**** Given records

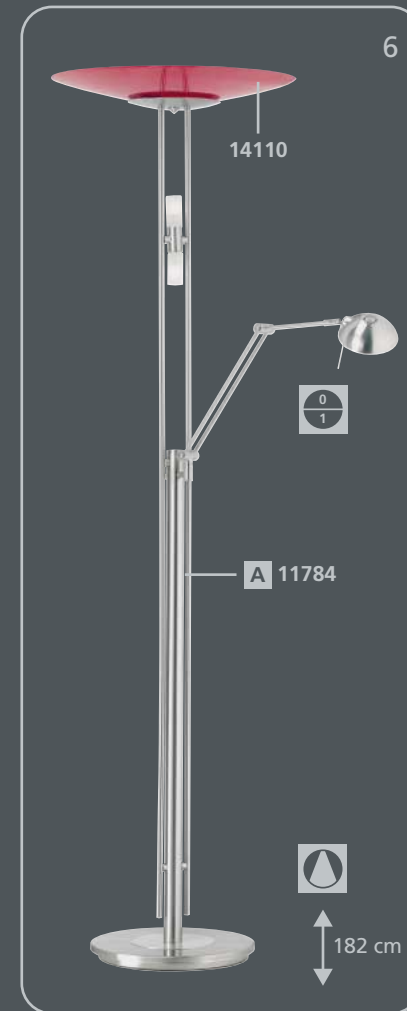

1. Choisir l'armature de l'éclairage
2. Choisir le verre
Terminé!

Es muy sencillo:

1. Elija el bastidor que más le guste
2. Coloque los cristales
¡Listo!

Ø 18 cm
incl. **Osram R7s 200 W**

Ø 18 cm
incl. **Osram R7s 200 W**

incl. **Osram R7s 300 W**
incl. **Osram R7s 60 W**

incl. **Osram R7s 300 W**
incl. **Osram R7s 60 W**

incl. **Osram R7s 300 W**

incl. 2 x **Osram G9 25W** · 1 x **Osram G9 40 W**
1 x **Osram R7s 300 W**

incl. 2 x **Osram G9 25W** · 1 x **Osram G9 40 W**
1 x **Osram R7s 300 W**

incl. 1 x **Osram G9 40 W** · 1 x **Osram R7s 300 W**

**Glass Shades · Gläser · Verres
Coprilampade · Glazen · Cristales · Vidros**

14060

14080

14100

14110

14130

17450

********
**** Given records

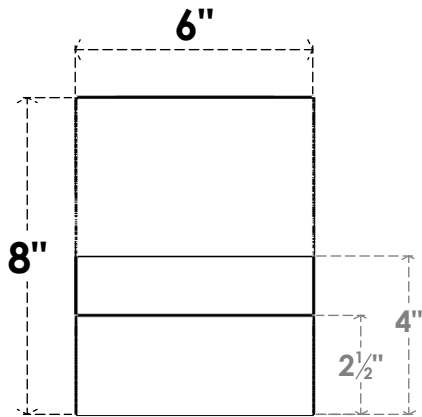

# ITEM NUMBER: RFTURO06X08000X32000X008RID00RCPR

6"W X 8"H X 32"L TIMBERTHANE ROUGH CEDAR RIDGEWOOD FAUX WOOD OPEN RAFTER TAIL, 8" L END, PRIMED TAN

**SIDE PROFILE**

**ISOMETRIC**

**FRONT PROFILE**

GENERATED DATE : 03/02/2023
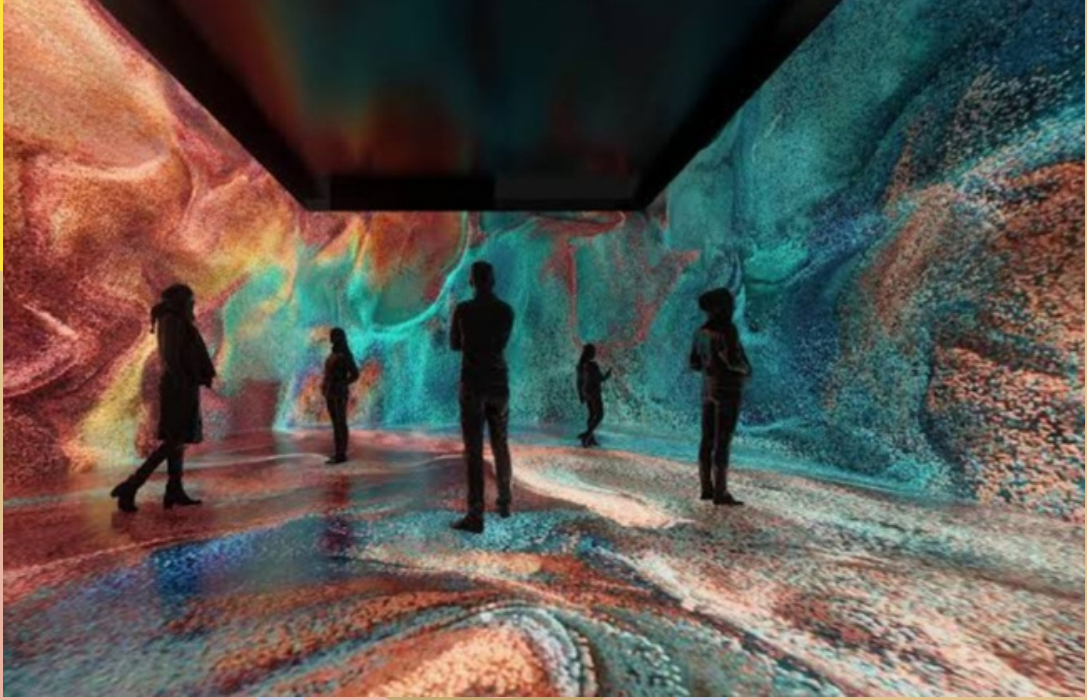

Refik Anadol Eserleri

********
**** Given records

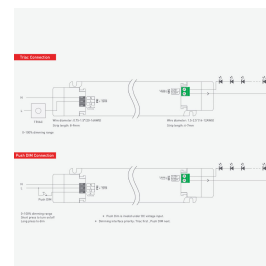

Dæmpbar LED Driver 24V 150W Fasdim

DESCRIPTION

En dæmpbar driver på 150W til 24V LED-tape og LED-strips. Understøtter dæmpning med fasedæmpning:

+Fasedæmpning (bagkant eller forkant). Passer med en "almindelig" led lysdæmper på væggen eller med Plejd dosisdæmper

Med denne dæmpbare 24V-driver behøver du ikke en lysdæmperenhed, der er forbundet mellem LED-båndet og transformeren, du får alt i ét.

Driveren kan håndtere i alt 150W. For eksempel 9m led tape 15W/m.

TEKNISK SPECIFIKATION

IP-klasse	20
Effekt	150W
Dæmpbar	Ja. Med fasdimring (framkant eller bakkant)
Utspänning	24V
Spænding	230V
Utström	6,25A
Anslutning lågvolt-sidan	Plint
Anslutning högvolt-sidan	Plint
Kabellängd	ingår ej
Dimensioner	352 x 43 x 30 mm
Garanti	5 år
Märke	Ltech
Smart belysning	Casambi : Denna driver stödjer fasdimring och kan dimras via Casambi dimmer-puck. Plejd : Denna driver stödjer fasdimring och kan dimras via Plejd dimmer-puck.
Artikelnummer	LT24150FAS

********

• **The task**
Gather up every line in the data above that contains the word "tape", copying each one.

• **Output for this exercise**
En dæmpbar driver på 150W til 24V LED-tape og LED-strips. Understøtter dæmpning med fasedæmpning:
Driveren kan håndtere i alt 150W. For eksempel 9m led tape 15W/m.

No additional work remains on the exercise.